### What you will do
Only one stretch of the data should be retyped: the lines from the line containing "20.005.24004" through the line containing "电话: 028-65199117 传真: 028-65199116". Keep pictures out of it.

Items from a dataset
§

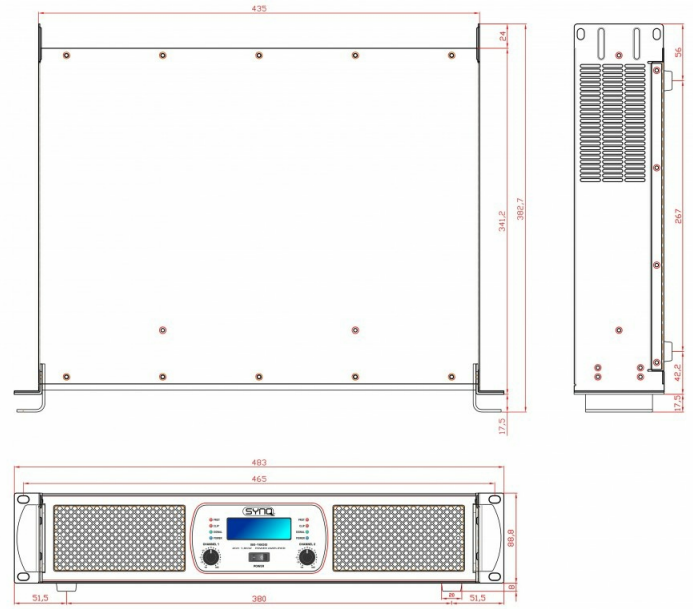

TECHNICAL SPECIFICATIONS

General : Application	DJ & Club, Stage & Rental
General : Series	SE
General : Dimensions (cm)	48.2 x 8.8 x 36.5
General : Weight (kg)	10.06
General : Color	black
General : Powerinput	AC 230V, 50Hz
General : Energy Label	No
General : Display	LCD
General : Fixation	19" rack mountable
General : RU	2U
General : IP rating	indoor
Audio : amplifier class	TD
Audio : min. frequency (Hz)	20
Audio : max. frequency (Hz)	20000
Audio : S/N ratio (> dB)	100
Audio : damping factor (>...)	800
Audio : max. output channels	2
Audio : Wrms 2Ω stereo, per channel	2000
Audio : Wrms 4Ω stereo, per channel	1500
Audio : Wrms 8Ω stereo, per channel	1000
Audio : Wrms 4Ω bridge	4000
Audio : Wrms 8Ω bridge	3000
Audio : functions	bridge mode, limiter
Connections : input	3 pin XLR, jack, PowerCon®
Connections : output	3 pin XLR, speakon
Brand	SYNQ
EANCode	5420025681100
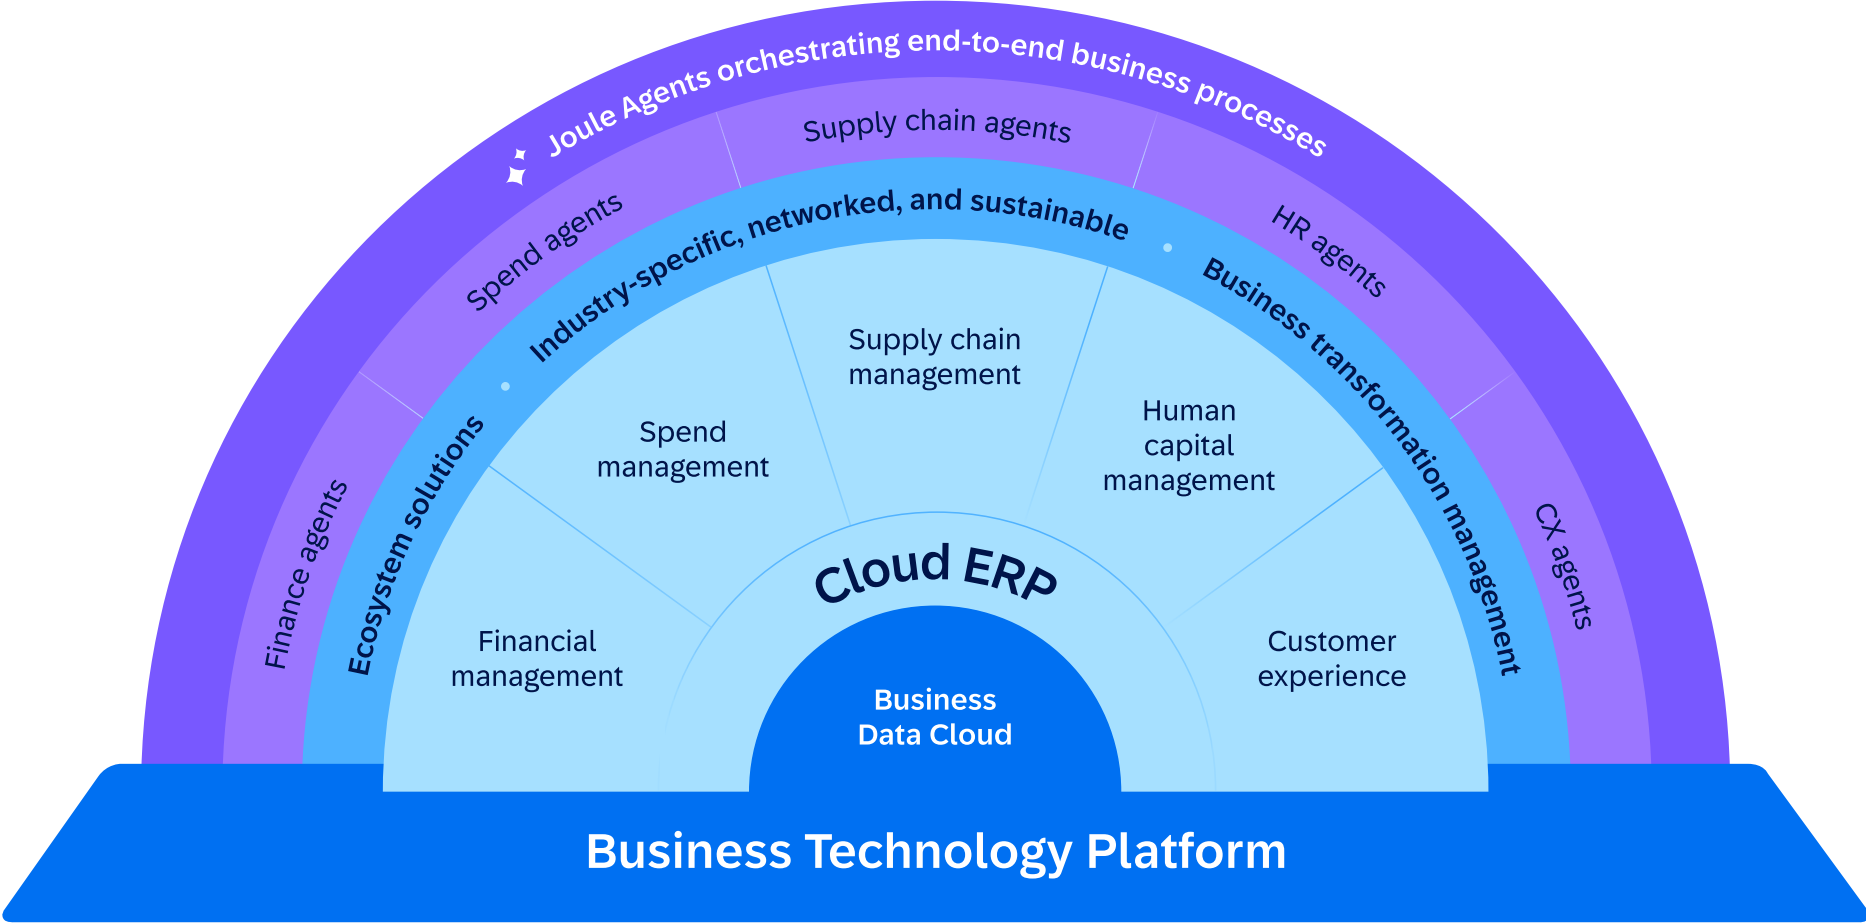

Anytime, Anywhere, Any Device

Native Entry Point

- Instant mobile access to the Intelligent Enterprise Suite
- Native launchpad to access native and web apps mobile on iOS devices

Deep UX Integration

- Spotlight search for app content
- Widgets to monitor important content
- Native notification to react instantly

Tailored Content

- Maximized focus on role-specific topics through persona-centric content
- Personalized mobile User Experience

Improve End User Productivity

Connect Anywhere

Set Up Easily

Realizing our vision by bringing together Apps, Data and AI

Differentiate your business with access to continuous innovations

SAP Business Suite

The future of enterprise management

Our AI-First, Suite-First Strategy

SAP delivers market making innovation with SAP Business Suite
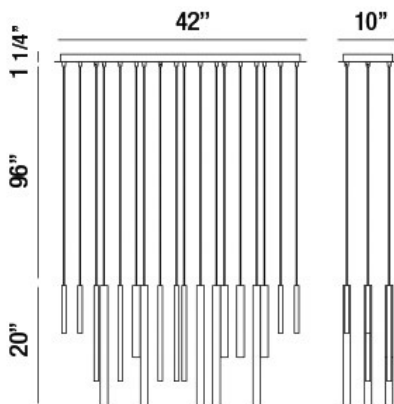

SANTANA, 18-LIGHT 42IN INTEGRATED LED MULTI DROP CHANDELIER

OPTIONS AVAILABLE

ITEM NO.	FINISH	SHADE
31446-013	MATTE BLACK	BLACK
31446-023	SATIN NICKEL	SATIN NICKEL
31446-035	BRUSHED BRASS	ANTIQUÉ BRASS
31446-043	MIX	MULTI COLORS

PRODUCT DETAILS

No.	: 31446-043
Product Color	: MIX
Product Material	: METAL
Shade / Accent Colour	: MIXED
Shade / Accent Material	: GLASS
Length	: 42"
Width	: 10"
Height	: 20"
Overall Height	: 117.25"
Weight	: 26.6LBS

LIGHT SOURCE DETAILS

Number of Bulbs	: 18
Light Source	: LED
Light Source Type	: INTEGRATED LED
Input Voltage	: 120V
Bulb Voltage	: 120V
Socket Type	: INTEGRATED
Wattage	: 18 X 1W
Total Wattage	: 18W
Delivered Lumens	: 550LM
Kelvin	: 3000K
CRI	: 90
Bulb Included	: YES
Dimmable	: YES

TECHNICAL DETAILS

Light Direction	: DOWN
Hanging Support Type	: WIRE
Canopy / Backplate Length	: 42"
Canopy / Backplate Height	: 1.25"
Canopy / Backplate Width	: 10"
Driver	: ACTC
Adjustable Lamp Head	: NO
IP Rating	: IP22
Location	: DRY
Approval	: 
Beam Angle	: 360
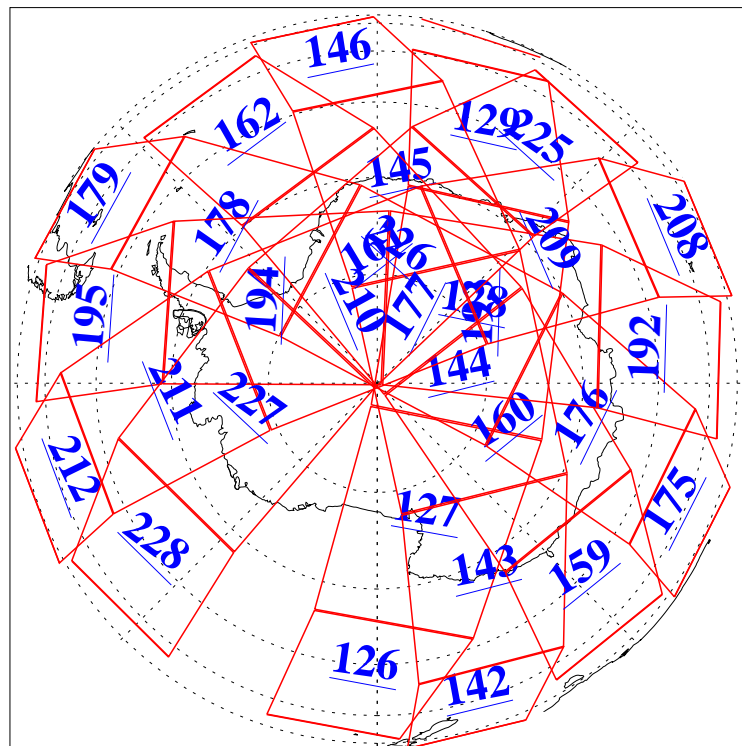

L1B Availability  
AMSU Granules: 240  
HSB Granules: 0  
AIRS Granules: 240

3 Oct 2020  
DoY 277  
Aqua Day 6727  
Granules: 1 to 120

Granules: 121 to 240

Legend: AMSU Available, *HSB Available*, *AIRS Available*

L1B Availability  
 AMSU Granules: 240  
 HSB Granules: 0  
 AIRS Granules: 240

3 Oct 2020  
 DoY 277  
 Aqua Day 6727

Ascending Granules

Descending Granules

Legend: AMSU Available, HSB Available, AIRS Available

L1B Availability  
 AMSU Granules: 240  
 HSB Granules: 0  
 AIRS Granules: 240

3 Oct 2020  
 DoY 277  
 Aqua Day 6727

Northern Hemisphere Granules

Southern Hemisphere Granules

Legend: AMSU Available, HSB Available, AIRS Available
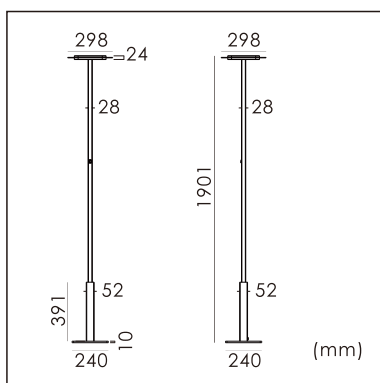

Loki-S free standing luminaire

20.005.24004

GENERAL

Floor
Standing
White
IP20
indirect 6200 lm
total 6200 lm
Beam Angle \uparrow 110°
UGR<10

LED

4000K neutral white
CRI \geq 80
L80(B10)50,000H
SDCM <3

PHYSICAL

length 298 mm
width 298 mm
height 1901 mm
7.1 kg

ELECTRICAL

45W
135 lm/W
200~240V AC

The data values for the luminous flux are initially subject to a tolerance of +/- 10%, those for the electrical connected load are initially subject to a tolerance of +/- 10%, and those for the colour temperature are initially subject to a tolerance of +/- 150 K. Product illustrations serve as examples and may differ from the original. No liability is assumed for typographical or printing errors. We reserve the right to make alterations in the interest of improving our products.
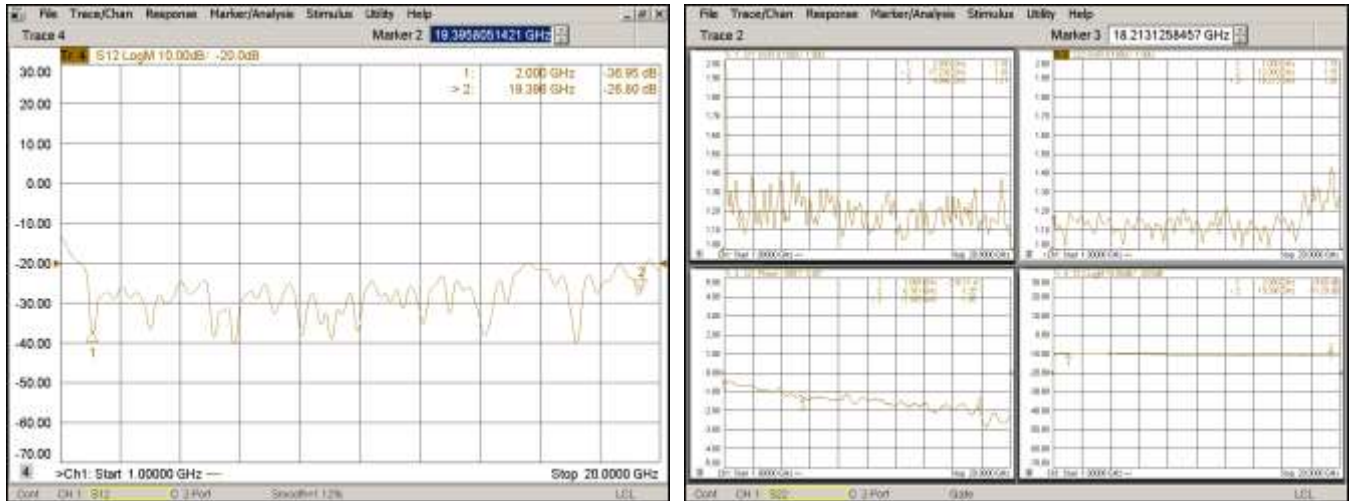

成都利德尔科技有限公司 ChengDu Leader Microwave Technology Co.,Ltd

电话: 028-65199117 传真: 028-65199116

<http://www.leadermicrowave.com> sales@leader-mw.com

TEL: +86-28-65199117 FAX: +86-28-65199116

Add: 中国 成都市成华区华翰路 89 号 610000

No.89,Huahan Road, chenghua Zone Chengdu, Sichuan China Zip Code:610000

§

### Your response
20.005.24004

GENERAL

Floor
Standing
White
IP20
indirect 6200 lm
total 6200 lm
Beam Angle \uparrow 110°
UGR<10

LED

4000K neutral white
CRI \geq 80
L80(B10)50,000H
SDCM <3

PHYSICAL

length 298 mm
width 298 mm
height 1901 mm
7.1 kg

ELECTRICAL

45W
135 lm/W
200~240V AC

The data values for the luminous flux are initially subject to a tolerance of +/- 10%, those for the electrical connected load are initially subject to a tolerance of +/- 10%, and those for the colour temperature are initially subject to a tolerance of +/- 150 K. Product illustrations serve as examples and may differ from the original. No liability is assumed for typographical or printing errors. We reserve the right to make alterations in the interest of improving our products.

成都利德尔科技有限公司 ChengDu Leader Microwave Technology Co.,Ltd

电话: 028-65199117 传真: 028-65199116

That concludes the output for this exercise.